The enumerate function is handy when you want to keep track of an index as you loop through an iterable. This can remove counter variables you might have been using if coming to Python from another language.

abcs = list('ABCDEF')

# Without enumerate
k = 0
for letter in abcs:
    print(k, letter.lower())  # => 0 a, 1 b ...
    k += 1

# With enumerate
for k, letter in enumerate(abcs): 
    print(k, letter.lower())  # => 0 a, 1 b ...

The way enumerate works is by returning an enumerate object with a __next__ method that returns a tuple of (count, value). You can even use destructuring to enumerate more complex values.

abcs = [('a', 'A'), ('b', 'B'), ('c', 'C')]

for k, (lower, upper) in enumerate(abcs):
    print(k, lower, upper)  # => 0 a A, 1 b B ...

#2 - zip

The zip function is useful when you want to combine multiple iterables together. A common use-case is to loop over two lists simultaneously without direct indexing.

ABCs = list('ABCDEF')
abcs = list('abcdef')

# Without zip
for upper in ABCs:
    idx = ABCs.index(upper)
    print(upper, abcs[idx])  # => A a, B b ...

# With zip
for upper, lower in zip(ABCs, abcs):
    print(upper, lower)  # => A a, B b ...

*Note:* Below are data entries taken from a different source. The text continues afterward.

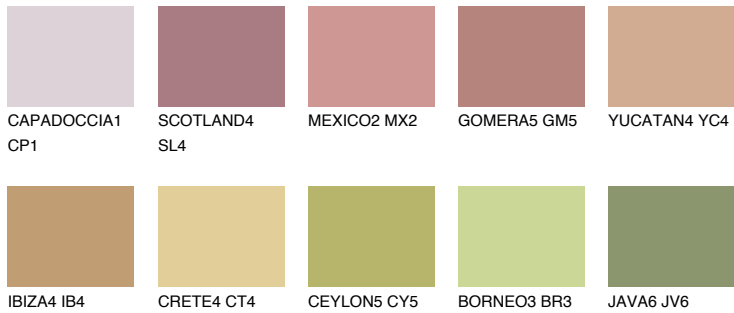

COLOUR DETAILS

CATALONIA4 CN4

42% TSR 48%

Matching colours

COLOURS

INTENSE

For more information on plasters and paints, go to www.ceresit.en

*The presented colours refer to plasters and paints offered by Ceresit. Due to the use of digital techniques, the presented colours might not represent the original ones, thus they cannot be considered as a reliable colour presentation. We recommend checking the authentic colour samples.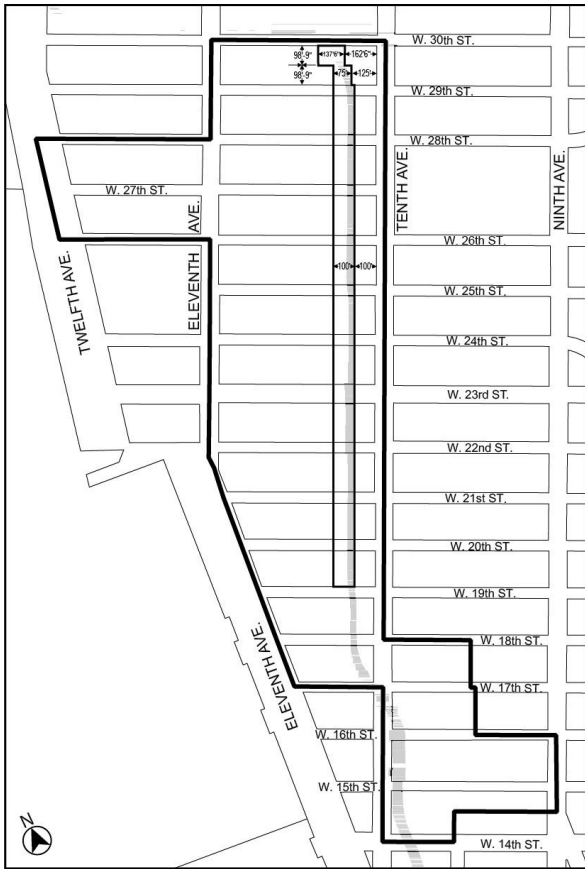

Zoning Resolution

THE CITY OF NEW YORK

Eric Adams, Mayor

CITY PLANNING COMMISSION

Daniel R. Garodnick, Chair

Appendix B

File generated by <https://zr.planning.nyc.gov> on 6/30/2024

Appendix B - High Line Transfer Corridor Location

LAST AMENDED

11/13/2012

- Special West Chelsea District boundary
- High Line Transfer Corridor
- High Line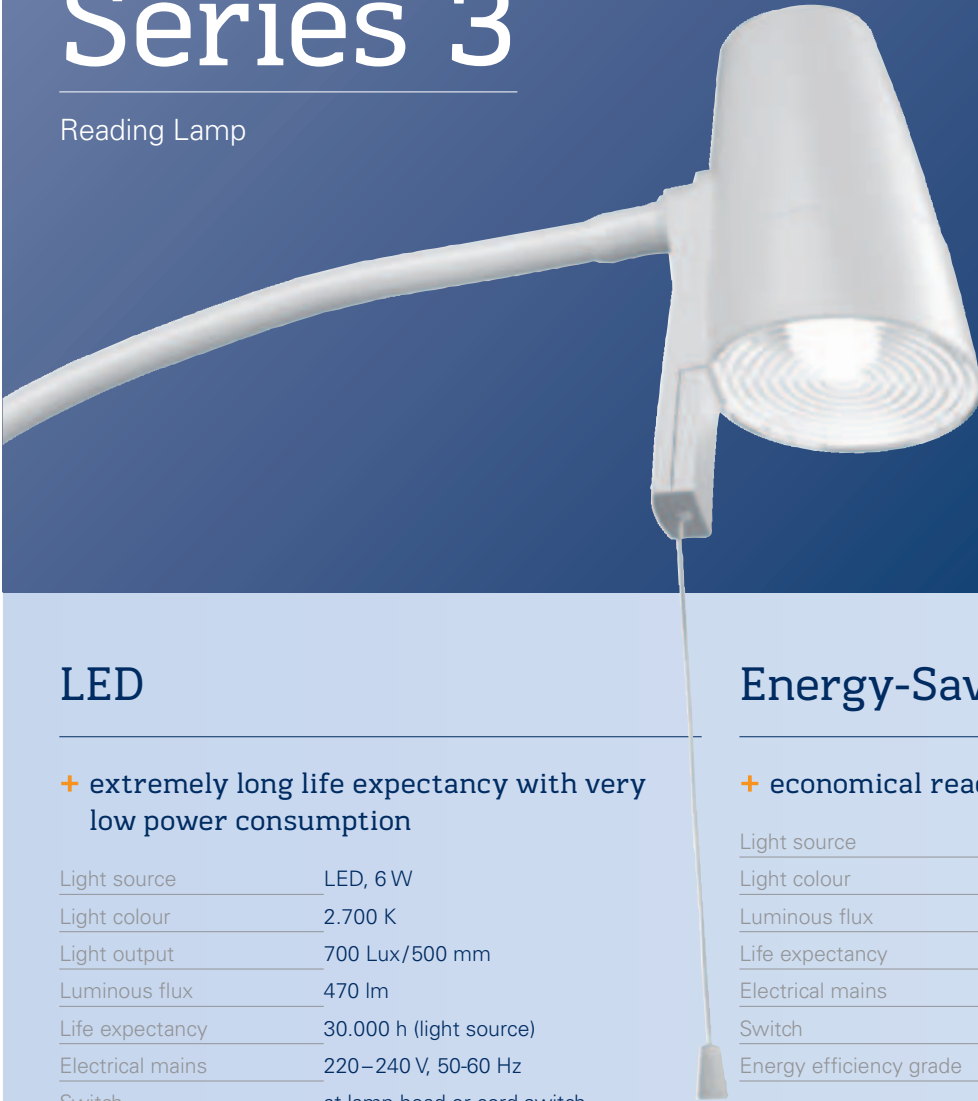

Series 3

Reading Lamp

LED

+ extremely long life expectancy with very low power consumption

Light source	LED, 6 W
Light colour	2.700 K
Light output	700 Lux/500 mm
Luminous flux	470 lm
Life expectancy	30.000 h (light source)
Electrical mains	220–240 V, 50-60 Hz
Switch	at lamp head or cord switch
Colour rendering index Ra	80

Energy-Saving

+ economical reading lamp

Light source	low-energy bulb, 11 W (electronic)
Light colour	6.000 K
Luminous flux	585 lm
Life expectancy	appr. 20.000 h (light source)
Electrical mains	230 V, 50 – 60 Hz
Switch	at lamp head or with cord switch
Energy efficiency grade	energy savings of up to 80 % compared to usual bulbs = matchable with a standard 60 W bulb
optional	12 V DC version

Lamp with Flexible Gooseneck Arm

+ perfect reading light without illuminating the room

Working radius	600 mm
Operating mode	continuous use
Total weight (net weight)	appr. 1,25 kg
Joint pin	Ø 18, L 35 mm
optional	double-joint articulated arm / international plug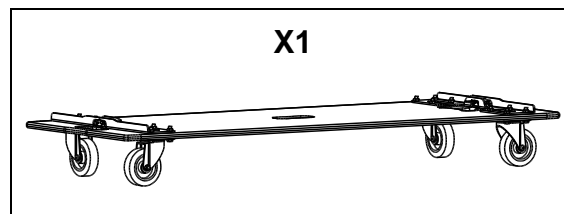

RS18 Wheel board

Contents:

Weight: 16 kg / 35 lb

Dimensions:

Storage

Use:

Pull the 2 latches at the same time and put the wheel board in place with the help of the 2 spigots on cabinet.

Release the 2 latches

Removing the manual indexing makes the code easier to understand because it removes a step of thinking about what the index corresponds to. If you're feeling fancy, you can combine enumerate with zip because enumerate doesn't care what kind of iterable it recieves.

for k, (upper, lower) in enumerate(zip(ABCs, abcs)):
    print(k, upper, lower)  # => 0 A a, 1 B b ...

#3 - map

The map function is powerful in its generality, and understanding it can help you speed up computations with multiprocessing. Conceptually, map applies a given function to each element in an iterable and returns the results in order. We can use lambda to quickly create the function f(x) = abs(x ** 2 - 4 * x) and map it over some values of x.

func = lambda x: abs(x ** 2 - 4 * x)
xs = range(10)

# Without map
results = [func(x) for x in xs]
print(results)  # => [0, 3, 4, 3, ...]

# With map
results = list(map(func, xs))
print(results)  # => [0, 3, 4, 3, ...]

With map, it's clear that we are trying to apply func to all xs but without specifing exactly how to do it. For example, if xs were a large vector, we could speed up this computation using the analogous map method on a multiprocessing.Pool object.

from multiprocessing import Pool, cpu_count

def func(x): 
    return abs(x ** 2 - 4 * x)

xs = range(1_000_000)
with Pool(cpu_count()) as pool:
    results = pool.map(func, xs)
print(len(results))  # => 1000000

Notice we are using the with keyword to create a context for managing resouces for the processing pool. The cpu_count function will return the number of cores available on the machine, and pool.map will apply func to items in xs in parallel. This demonstrates that map also provides a useful syntax for expressing a single program, multiple data (SPMD)-style computation.

#4 - dir

The dir function is helpful to perform introspection on Python objects (to see what attributes they have). For example, we can use dir to see what's defined in the os module.

import os
print(dir(os))  # => ['CLD_CONTINUED', 'CLD_DUMPED', ...]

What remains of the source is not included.